I started to wonder if there was some miscalculation in the library, and with nothing else I could think to try, it was at this point that I decided to dive into the source code for libmodbus. My first step was to add some debugging output at various points along the way as it grabs the response byte by byte. Here you can see the entire output of my test run, requesting 16 registers starting at address 1:
[00][01][00][00][00][06][FF][03][00][01][00][10]
Waiting for a confirmation...
_modbus_receive_msg(DEBUG): Length to read: [8]
_modbus_receive_msg(DEBUG): recv(msg_length: [0] length_to_read: [8]) retval: [8]
<00><01><00><00><00><23><FF><03>_modbus_receive_msg(DEBUG): Length to read: [1]

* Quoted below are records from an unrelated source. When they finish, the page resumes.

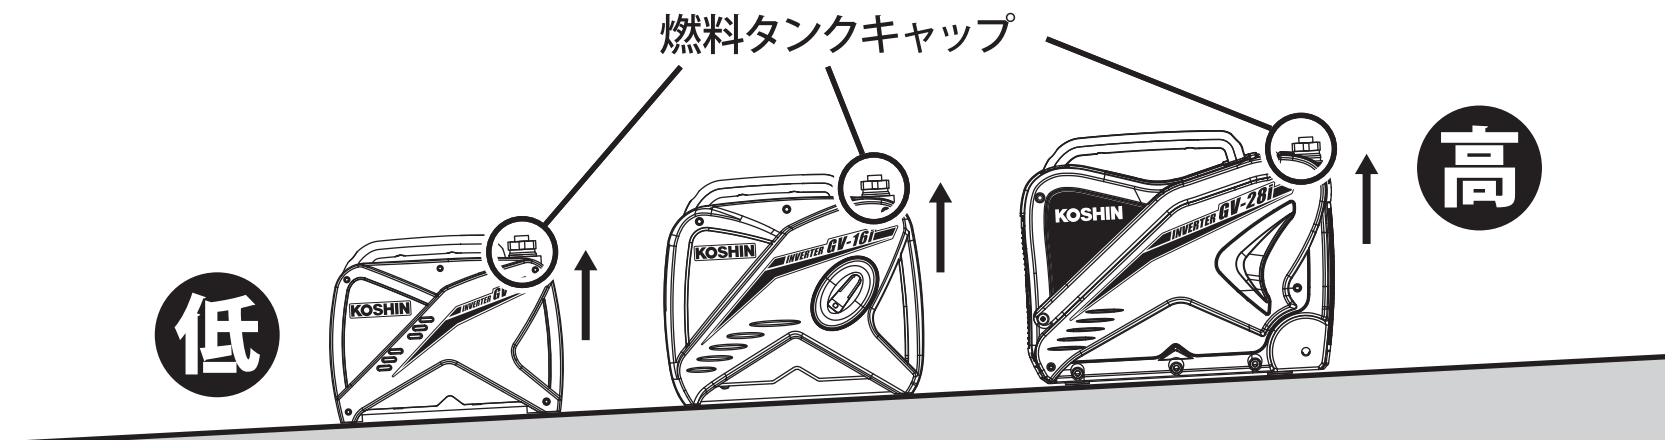

発電機の設置について

本機は平坦地で使用してください。やむを得ず緩やかな傾斜地で使用する場合は、必ず **燃料タンクキャップ側が高く** なるように設置してください。守らない場合、給油口からガソリンがあふれるおそれがあります。

这个文件只用于内容确认，不能用于印刷。
印刷是请一定使用AI文件。

このデータは内容確認用であり、印刷に使用するデータではありません。

印刷は必ず AI データを使用してください。
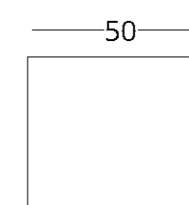

Навесное варианта тумбы выглядит визуально легко, удобно производить уборку под тумбой. Однако нужно принимать во внимание материал стены, на которую планируется навесить тумбу.

_modbus_receive_msg(DEBUG): recv(msg_length: [8] length_to_read: [1]) retval: [1]
<10>_modbus_receive_msg(DEBUG): Length to read: [16]

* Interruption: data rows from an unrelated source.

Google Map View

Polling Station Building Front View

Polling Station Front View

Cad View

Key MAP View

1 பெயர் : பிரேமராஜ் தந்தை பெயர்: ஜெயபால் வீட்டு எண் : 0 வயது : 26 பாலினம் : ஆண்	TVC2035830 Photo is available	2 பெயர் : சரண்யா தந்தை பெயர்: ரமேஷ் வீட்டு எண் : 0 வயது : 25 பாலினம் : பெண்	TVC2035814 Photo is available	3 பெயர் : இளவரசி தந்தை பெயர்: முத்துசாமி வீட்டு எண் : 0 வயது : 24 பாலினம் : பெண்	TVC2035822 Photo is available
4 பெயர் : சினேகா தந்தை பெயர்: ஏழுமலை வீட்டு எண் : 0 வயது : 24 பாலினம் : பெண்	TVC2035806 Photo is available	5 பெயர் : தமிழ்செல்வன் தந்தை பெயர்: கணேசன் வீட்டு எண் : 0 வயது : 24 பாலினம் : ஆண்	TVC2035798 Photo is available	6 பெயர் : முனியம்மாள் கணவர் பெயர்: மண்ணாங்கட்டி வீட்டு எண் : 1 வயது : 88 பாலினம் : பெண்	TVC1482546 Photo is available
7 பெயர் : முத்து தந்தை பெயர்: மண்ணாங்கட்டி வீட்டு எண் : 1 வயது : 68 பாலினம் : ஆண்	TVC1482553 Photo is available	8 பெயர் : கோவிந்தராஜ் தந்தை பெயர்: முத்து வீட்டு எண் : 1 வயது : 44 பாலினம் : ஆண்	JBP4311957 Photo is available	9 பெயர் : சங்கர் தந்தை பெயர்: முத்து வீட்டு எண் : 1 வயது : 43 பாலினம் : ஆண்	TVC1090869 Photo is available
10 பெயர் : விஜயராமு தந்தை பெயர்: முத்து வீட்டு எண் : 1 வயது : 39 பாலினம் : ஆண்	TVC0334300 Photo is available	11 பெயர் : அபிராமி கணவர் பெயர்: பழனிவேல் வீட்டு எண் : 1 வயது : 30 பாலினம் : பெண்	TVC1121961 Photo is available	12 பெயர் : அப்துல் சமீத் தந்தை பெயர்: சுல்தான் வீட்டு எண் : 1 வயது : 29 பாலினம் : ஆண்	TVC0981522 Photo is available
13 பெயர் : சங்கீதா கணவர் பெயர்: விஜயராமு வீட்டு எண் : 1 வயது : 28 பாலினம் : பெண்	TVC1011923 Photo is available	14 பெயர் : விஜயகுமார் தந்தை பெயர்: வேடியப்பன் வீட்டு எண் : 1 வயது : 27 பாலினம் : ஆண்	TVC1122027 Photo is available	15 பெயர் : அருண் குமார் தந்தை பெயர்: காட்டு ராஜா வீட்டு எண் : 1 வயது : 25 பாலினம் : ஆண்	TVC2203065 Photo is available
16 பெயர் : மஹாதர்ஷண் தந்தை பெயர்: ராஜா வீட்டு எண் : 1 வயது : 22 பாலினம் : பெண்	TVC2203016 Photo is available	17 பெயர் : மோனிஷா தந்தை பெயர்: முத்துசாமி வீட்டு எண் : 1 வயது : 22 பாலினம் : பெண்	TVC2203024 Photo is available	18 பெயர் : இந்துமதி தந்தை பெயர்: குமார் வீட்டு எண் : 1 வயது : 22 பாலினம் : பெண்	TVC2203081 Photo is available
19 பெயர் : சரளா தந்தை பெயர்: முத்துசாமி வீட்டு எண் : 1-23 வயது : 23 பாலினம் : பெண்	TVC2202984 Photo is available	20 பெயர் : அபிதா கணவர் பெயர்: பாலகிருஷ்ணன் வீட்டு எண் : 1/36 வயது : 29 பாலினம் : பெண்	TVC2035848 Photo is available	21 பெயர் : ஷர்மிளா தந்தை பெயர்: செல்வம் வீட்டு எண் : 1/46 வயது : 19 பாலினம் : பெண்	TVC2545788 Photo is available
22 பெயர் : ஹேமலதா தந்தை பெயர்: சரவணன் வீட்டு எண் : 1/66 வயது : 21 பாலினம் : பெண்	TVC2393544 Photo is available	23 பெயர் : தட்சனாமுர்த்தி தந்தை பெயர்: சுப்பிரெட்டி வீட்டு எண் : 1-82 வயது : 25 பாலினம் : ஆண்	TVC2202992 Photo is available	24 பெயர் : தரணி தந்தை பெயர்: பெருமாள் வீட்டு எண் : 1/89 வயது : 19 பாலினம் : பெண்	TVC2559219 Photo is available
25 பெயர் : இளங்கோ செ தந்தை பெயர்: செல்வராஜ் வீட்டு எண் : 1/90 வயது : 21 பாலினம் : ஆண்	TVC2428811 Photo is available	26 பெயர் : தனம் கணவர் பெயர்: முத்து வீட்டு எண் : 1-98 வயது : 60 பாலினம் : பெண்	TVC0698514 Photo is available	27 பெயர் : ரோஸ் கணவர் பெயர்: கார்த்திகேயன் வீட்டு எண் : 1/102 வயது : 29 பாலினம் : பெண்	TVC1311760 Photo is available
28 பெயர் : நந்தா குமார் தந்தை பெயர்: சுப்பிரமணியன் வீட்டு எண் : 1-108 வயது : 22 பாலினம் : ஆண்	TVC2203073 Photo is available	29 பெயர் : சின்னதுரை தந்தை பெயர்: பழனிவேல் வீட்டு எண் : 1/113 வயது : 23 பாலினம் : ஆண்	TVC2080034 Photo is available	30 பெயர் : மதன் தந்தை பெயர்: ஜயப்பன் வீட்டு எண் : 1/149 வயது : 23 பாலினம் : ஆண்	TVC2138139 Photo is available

_modbus_receive_msg(DEBUG): recv(msg_length: [9] length_to_read: [16]) retval: [16]
<00><00><00><00><00><0F><00><00><00><00><00><00><00><0A><00><00>
check_confirmation(DEBUG): rsp_length_computed: [41]
Message length not corresponding to the computed length (25 != 41)
Bytes flushed (16)
It reads the first 8 bytes to figure out what this message is about. It then asks for one byte to determine the number of registers that are following, and we get <10>, which of course is 16 in decimal. But look at the next line: It asks for 16 more bytes, not 32 as it should. Keep in mind that these holding registers are 16 bits wide each. Therefore, either the library has interpreted 16 to mean 16 8 bit blocks (which I’d suspect would be incorrect) or the modbus simulator I am using is incorrectly reporting words when it should be reporting bytes and “confusing” the library into thinking only 16 more bytes are coming when it has already computed that there should be 32 here. Instead of flipping a coin, I decided to turn to the MODBUS specification to find out what this value *should* be, and if there are circumstances that would provide that either could be correct given special circumstances.
There you have it, libmodbus is correct – this field represents the number of 8-bit bytes that should follow in the response. Therefore, it appears that my simulator is to blame here. Looking now towards MOD_RSSIM, the MODBUS simulator I was using, I had version 6.7. It turns out there are a lot of newer versions since then, and the tool is still actively developed. I will download and try the new version tomorrow and see what my results are then.
It is now the morning, and with MOD_RSSIM version 8.20 in the stead of 6.7, I re-ran all of my tests again and guess what? Everything works! What a rabbit hole to have fallen into, but such is the nature of software development, problem solving, and discovery! Now to finish the Venturii Buscom Modbus plugin and move onto bigger and brighter things!